[RECORDS FOR THIS EXERCISE]
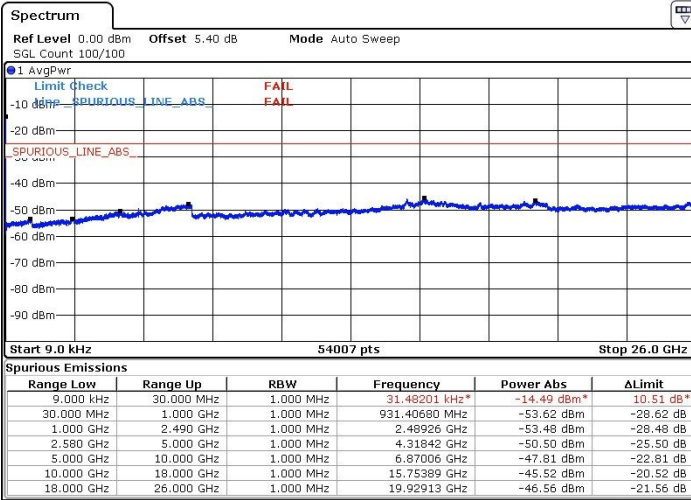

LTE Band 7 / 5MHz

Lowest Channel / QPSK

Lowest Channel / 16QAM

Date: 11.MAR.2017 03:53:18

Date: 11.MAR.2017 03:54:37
[/RECORDS FOR THIS EXERCISE]
[RECORDS FOR THIS EXERCISE]
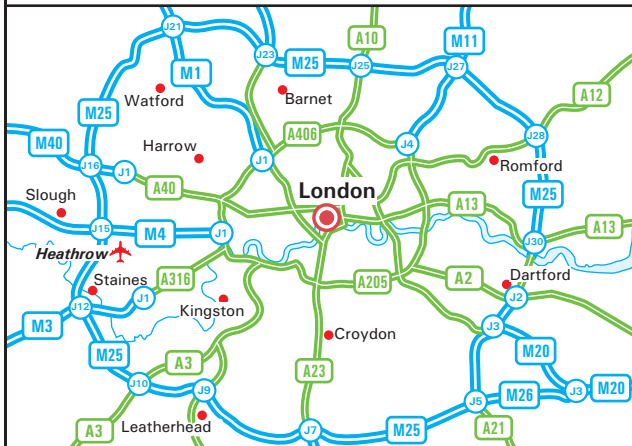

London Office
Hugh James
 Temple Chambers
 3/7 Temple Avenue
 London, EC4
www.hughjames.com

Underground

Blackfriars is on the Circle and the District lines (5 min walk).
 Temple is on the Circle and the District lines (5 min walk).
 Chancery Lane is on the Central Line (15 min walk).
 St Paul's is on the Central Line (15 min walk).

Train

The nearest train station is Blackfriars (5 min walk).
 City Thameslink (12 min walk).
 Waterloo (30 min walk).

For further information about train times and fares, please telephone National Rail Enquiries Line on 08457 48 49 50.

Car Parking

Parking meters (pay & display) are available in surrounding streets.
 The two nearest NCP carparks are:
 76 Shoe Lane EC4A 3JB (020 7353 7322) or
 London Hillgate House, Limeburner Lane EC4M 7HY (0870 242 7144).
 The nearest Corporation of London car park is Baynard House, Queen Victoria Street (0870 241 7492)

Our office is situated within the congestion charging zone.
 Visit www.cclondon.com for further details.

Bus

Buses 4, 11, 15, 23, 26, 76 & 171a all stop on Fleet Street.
[/RECORDS FOR THIS EXERCISE]
[RECORDS FOR THIS EXERCISE]
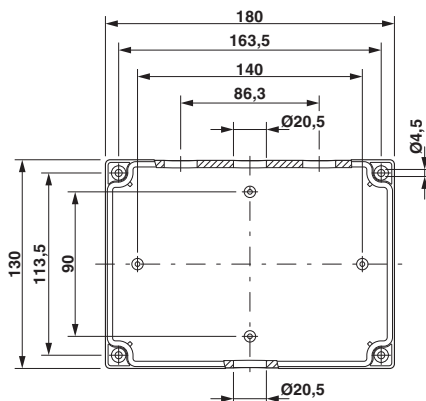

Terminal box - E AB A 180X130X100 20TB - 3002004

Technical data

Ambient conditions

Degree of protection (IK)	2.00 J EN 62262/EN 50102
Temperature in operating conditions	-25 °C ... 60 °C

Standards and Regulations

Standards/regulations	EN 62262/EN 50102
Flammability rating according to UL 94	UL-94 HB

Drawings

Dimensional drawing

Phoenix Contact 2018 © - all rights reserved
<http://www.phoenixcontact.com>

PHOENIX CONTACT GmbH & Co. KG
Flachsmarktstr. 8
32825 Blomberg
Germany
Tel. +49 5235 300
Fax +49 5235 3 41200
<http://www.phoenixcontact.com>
[/RECORDS FOR THIS EXERCISE]
WORK TO BE COMPLETED: Set down, from the entries above, exactly the lines from the one with "St Paul's is" up to and including the one with "Buses 4, 11, 15, 23, 26, 76", and no other lines.

PROBLEM SOLUTION:
 St Paul's is on the Central Line (15 min walk).

Train

The nearest train station is Blackfriars (5 min walk).
 City Thameslink (12 min walk).
 Waterloo (30 min walk).

For further information about train times and fares, please telephone National Rail Enquiries Line on 08457 48 49 50.

Car Parking

Parking meters (pay & display) are available in surrounding streets.
 The two nearest NCP carparks are:
 76 Shoe Lane EC4A 3JB (020 7353 7322) or
 London Hillgate House, Limeburner Lane EC4M 7HY (0870 242 7144).
 The nearest Corporation of London car park is Baynard House, Queen Victoria Street (0870 241 7492)

Our office is situated within the congestion charging zone.
 Visit www.cclondon.com for further details.

Bus

Buses 4, 11, 15, 23, 26, 76 & 171a all stop on Fleet Street.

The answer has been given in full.